◆ **To do**
From the entries below, copy every line that has the word "Chinese".

◆ **Supplied records**
━━━

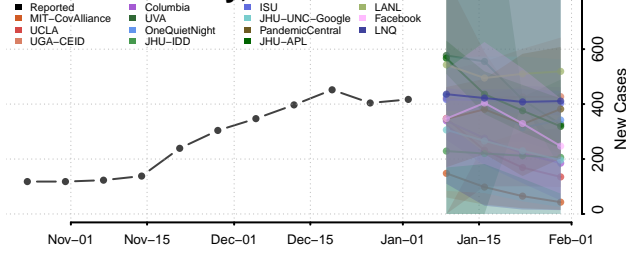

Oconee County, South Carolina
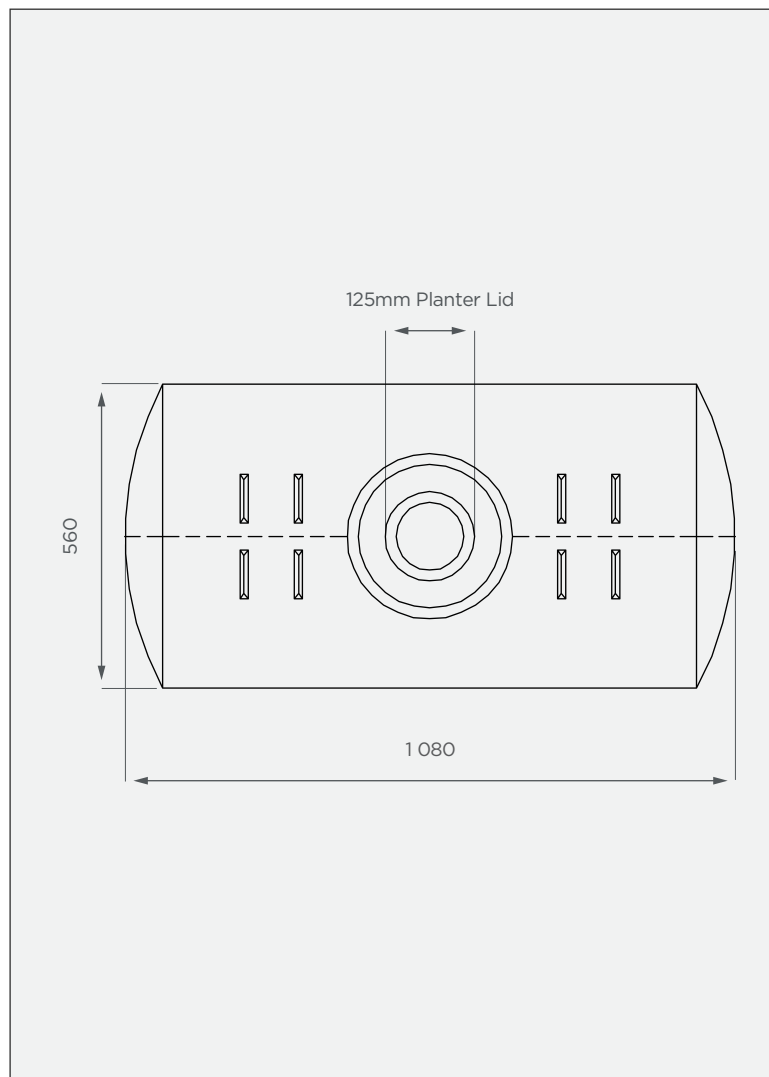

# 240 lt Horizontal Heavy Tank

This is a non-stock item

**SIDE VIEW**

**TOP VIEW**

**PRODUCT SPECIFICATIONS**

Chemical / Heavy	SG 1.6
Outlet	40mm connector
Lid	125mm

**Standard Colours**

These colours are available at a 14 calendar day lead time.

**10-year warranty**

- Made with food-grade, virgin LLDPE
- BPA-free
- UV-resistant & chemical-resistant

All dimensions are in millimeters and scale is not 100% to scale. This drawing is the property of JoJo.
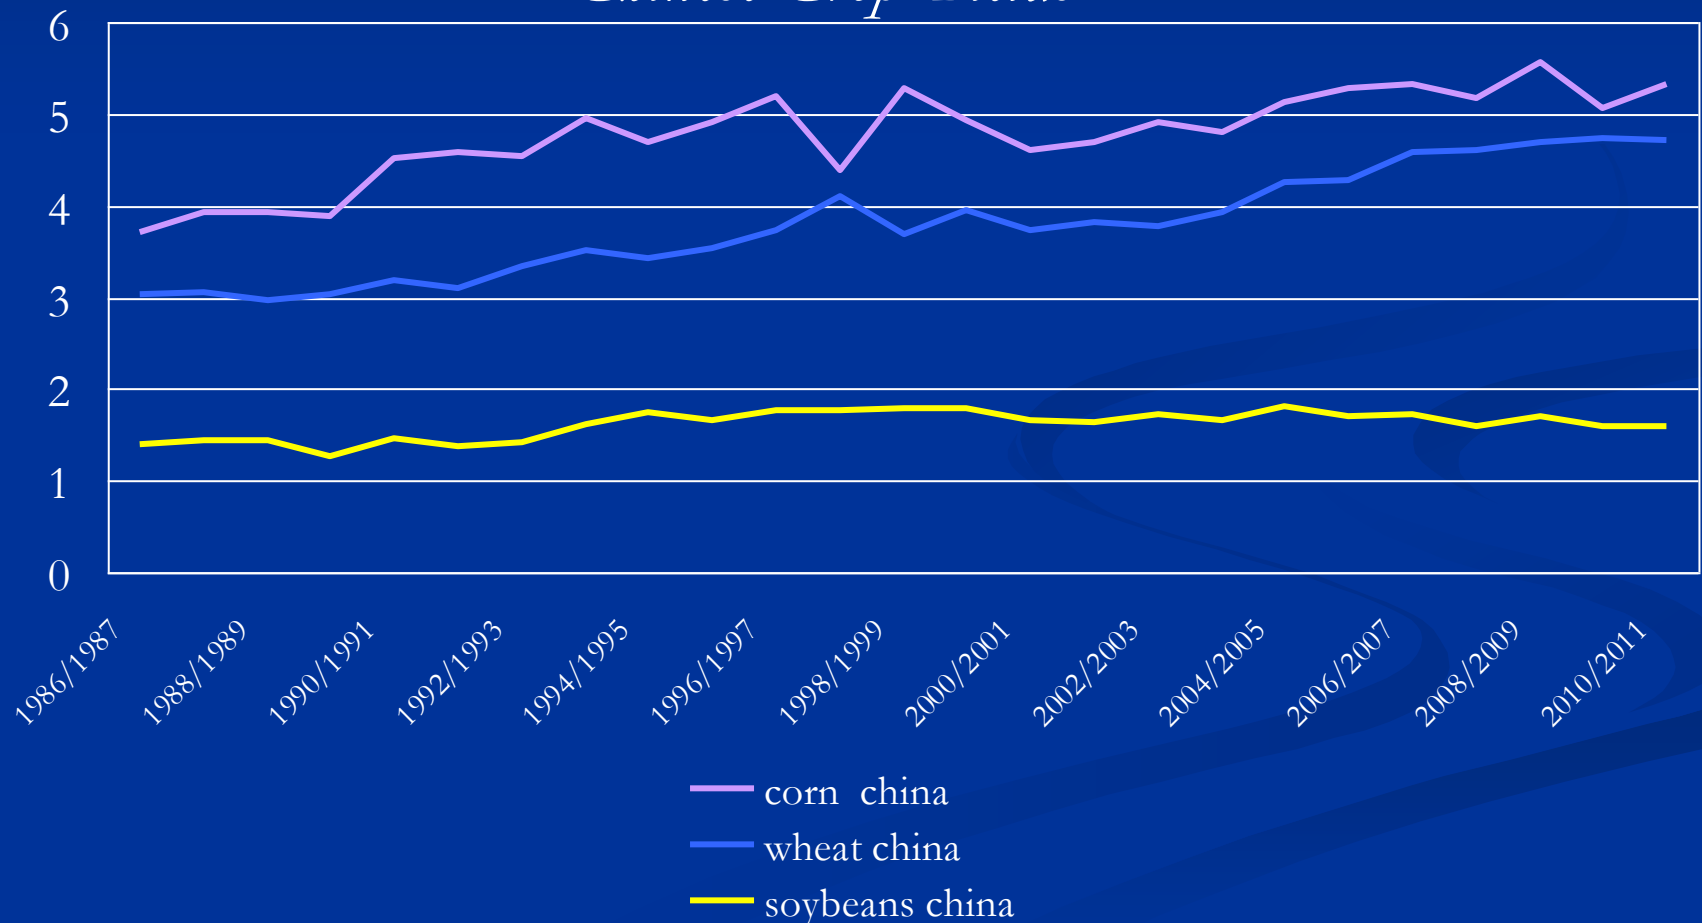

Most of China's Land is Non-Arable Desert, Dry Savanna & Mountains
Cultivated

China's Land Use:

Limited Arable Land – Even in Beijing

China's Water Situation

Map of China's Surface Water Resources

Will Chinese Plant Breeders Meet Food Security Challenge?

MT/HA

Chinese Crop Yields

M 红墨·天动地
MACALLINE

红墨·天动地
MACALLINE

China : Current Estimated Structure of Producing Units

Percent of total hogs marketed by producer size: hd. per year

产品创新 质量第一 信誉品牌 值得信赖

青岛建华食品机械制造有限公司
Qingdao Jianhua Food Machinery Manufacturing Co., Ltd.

━━━

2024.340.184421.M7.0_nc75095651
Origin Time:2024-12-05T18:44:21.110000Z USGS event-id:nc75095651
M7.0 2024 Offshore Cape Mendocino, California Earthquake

━━━

◆ **Result of this task**
Will Chinese Plant Breeders Meet Food Security Challenge?
Chinese Crop Yields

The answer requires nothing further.